Not so much a liver glycogen thing as a “discovered off-diet how nice it is to have something small but solid to digest during the workout”-thing. Or a not be super hungry while exercising thing.

Definitely, if I had to train at night, which I try to avoid, I’d only consume protein and fat during the day. But again, these things are highly individual. I have a friend that likes to eat carbs on his first and last meal and eat protein and fat in between. That would never work for me but he’s doing great with it.

Like half a pound of beef, some eggs and illegal amounts of broccoli? Yeah, I know the feeling.
It does make you feel more secure in a sense. Or comfy, however you want to put it. If it’s solely that just choose the fruit that gives you the best feeling of satiation. Wouldn’t go for something like grapes where it’s really easy to get lost and just eat like a pound of them in one go though.

Haha, if I had the time.

There’s definitely a sweet spot as far as I’m concerned.
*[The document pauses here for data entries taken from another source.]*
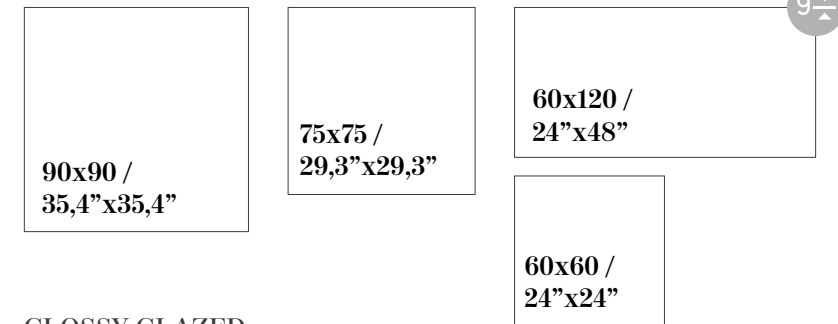

CALACATTA

GLAZED PORCELAIN

Sizes / Formatos

GLOSSY GLAZED RECTIFIED

GLOSSY GLAZED

Shade Variation / Variación Gráfica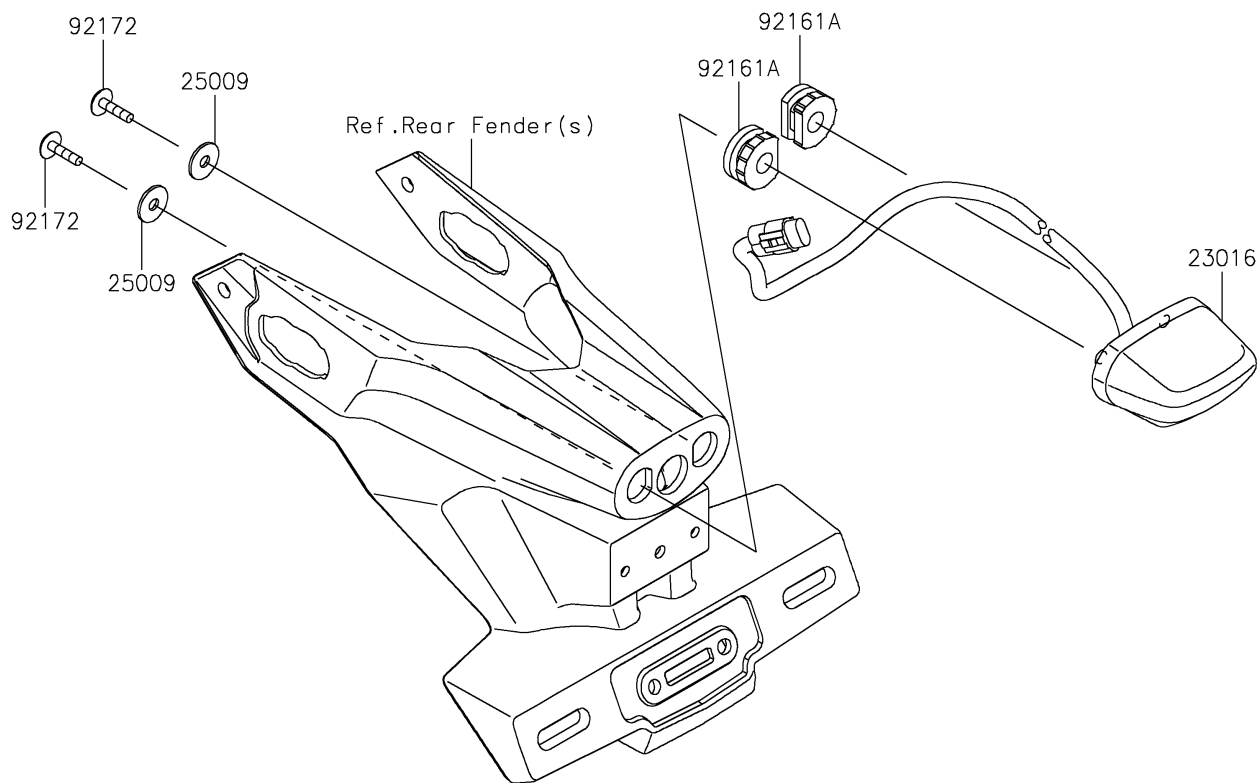

2021 Ninja® ZX™-10RR (US)

PARTS DIAGRAM

Taillight(s)

F2720

2021 Ninja® ZX™-10RR (US)

PARTS LIST

Taillight(s)

ITEM NAME	PART NUMBER	QUANTITY
LAMP-ASSY,LICENSE,LED (Ref # 23016)	23016-0639	1
LAMP-TAIL,LED,CCC (Ref # 23025)	23025-0377	1
WASHER,5.2X16X1.2 (Ref # 25009)	25009-004	2
DAMPER (Ref # 92160)	92160-1190	1
DAMPER (Ref # 92161)	92161-0163	2
DAMPER,9X23X12 (Ref # 92161A)	92161-1885	2
SCREW,TAPPING,5X16 (Ref # 92172)	92172-0238	2
SCREW,TAPTITE,5X16 (Ref # 92172A)	92172-0481	2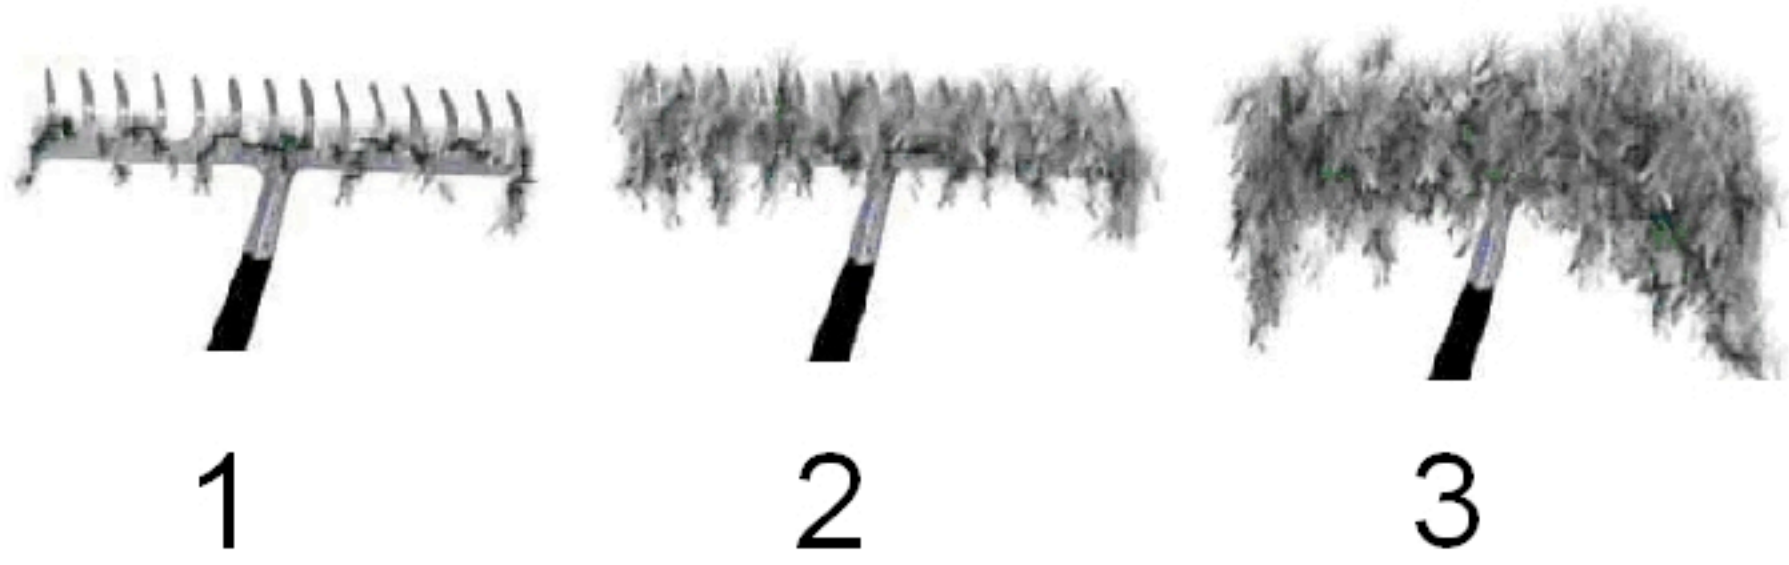

Storrs Lake - Rock County

August 26, 2010

Illustration of Rake Fullness Rating

Curly Leaf Pondweed Rake Fullness Rating

- Visual
- 1
- 2
- 3

- x Not Sampled
- NO CLP

<http://dnr.wi.gov>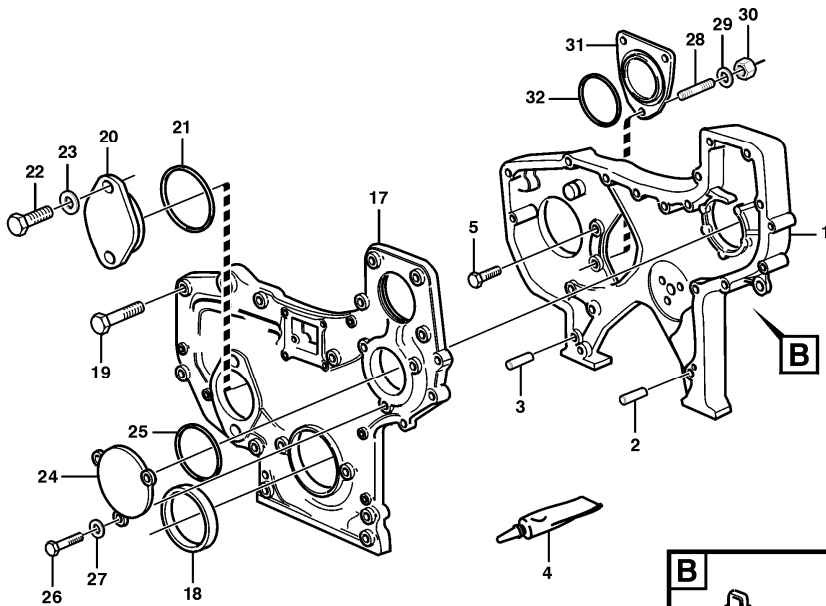

Date: 2013/10/31	Image id: LJ262B	Catalogue: 99535	Model: EC230B
Brand: Volvo	Serial: 5252-9999	Group/Section: 215/100	Title: Timing gear casing

Volvo Construction
Equipment Group
LJ 262B

Pos	Part	Q1	Q2	Q3	Q4	Q5	PS	Kit	Description	Option(s)	Remark
1	VOE8192775	1					SS		Tmg Gear Casing		
2	VOE13941511	1							Pin		(941511)
3	VOE13941510	1							Pin		(941510)
4	VOE1161277	REQ							Sealant		20 g
5	VOE471534	2							Screw		L = 28
	VOE471535	2							Screw		L = 58
6		1							Gear		Crankshaft / vevaxel See ref 216/100
7	VOE8192518	1							Idler Gear		
	VOE420083	1					NS		•Bushing		(VOE471552)
8	VOE11704619								Axle		
9	VOE478951	1							Thrust Washer		(VOE467529)
10	VOE471554	3							Screw		
11		1							Gear		Camshaft / kamaxel See ref 215/150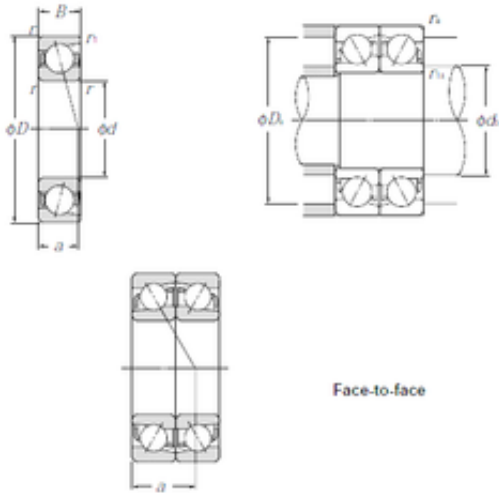

## 140 mm x 250 mm x 42 mm NTN 7228DF angular contact ball bearings

Bearing No. 7228DF

7228DF Bearing 2D drawings and 3D CAD models

Size	140x250x42 mm
Bore Diameter	140 mm
Outer Diameter	250 mm
Width	42 mm
d	140 mm
D	250 mm
B	42 mm
ra1 max.	1 mm
Angle ( ° )	25 °
a	77,5 mm
r min.	3 mm
r1 min.	1,1 mm
2B	84 mm
Da max.	236 mm
ra max.	2,5 mm
Weight	17,56 Kg
Basic dynamic load rating (C)	330 kN
Basic static load rating (C0)	430 kN
(Grease) Lubrication Speed	2 200 r/min

Especially lately, when I’ve worked out with the Crossfit boys where we usually kill ourselves with some metcon at the end I’m glad I haven’t eaten as much as I could have because I’d just… vomit. But, now that I’ve tried not working out on just liquid workout nutrition I’ve found that dammit it just feels good to have eaten something. If anything, it should help kick start the digestion process.

So, off-diet I just roll with fruit, plums/nectarines. Granola if I run out. But, on diet, every gram counts and then it’s just tough. Trying to go without pre-workout fruit my first week but if I feel that has a negative impact on the sessions then I’ll borrow some carbs from post-workout.

If having fruit helps you perform you don’t necessarily even need to compensate for it as you are also burning more calories. Just see what happens if you only add the fruit before training - best scenario; you still lose fat. Worst scenario; you don’t lose fat and then do the adjustment.